• **Supplied records**

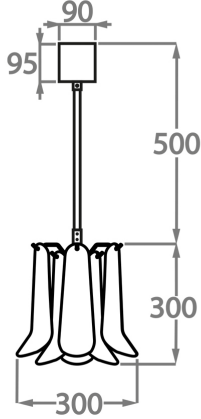

Murano Glass Finish

Satin Dahlia
Glass

Smoke Dahlia
Glass

Clear Dahlia
Glass

Size One

CL461-30,
Height: 30 cm (11.81")
Diameter: 30 cm (11.81")
Bulbs: 1 x 40W E27
Net Weight: 8 kg / 18 lb

Size Two

CL461-45,
Height: 44 cm (17.32")
Diameter: 45 cm (17.72")
Bulbs: 4 x 40W E27
Net Weight: 14 kg / 31 lb

Size Three

CL461-60,
Height: 55 cm (21.65")
Diameter: 60 cm (23.62")
Bulbs: 5 x 40W 40W
Net Weight: 20 kg / 45 lb

Size Four

CL461-75,
Height: 60 cm (23.62")
Diameter: 75 cm (29.53")
Bulbs: 7 x 40W E27
Net Weight: 30 kg / 66 lb

Size Five

CL461-100,
Height: 66 cm (25.98")
Diameter: 100 cm (39.37")
Bulbs: 9 x 40W E27
Net Weight: 42 kg / 93 lb

The dimensions of the central rod/chain and ceiling rose are not included in the height measurements.
Standard rod/chain and ceiling rose is 50cm if not otherwise specified by customer.

• **How to complete this task**
Your answer should consist of every line from the entries that holds "Diameter".

• **Answer**
Diameter: 30 cm (11.81")
Diameter: 45 cm (17.72")
Diameter: 60 cm (23.62")
Diameter: 75 cm (29.53")
Diameter: 100 cm (39.37")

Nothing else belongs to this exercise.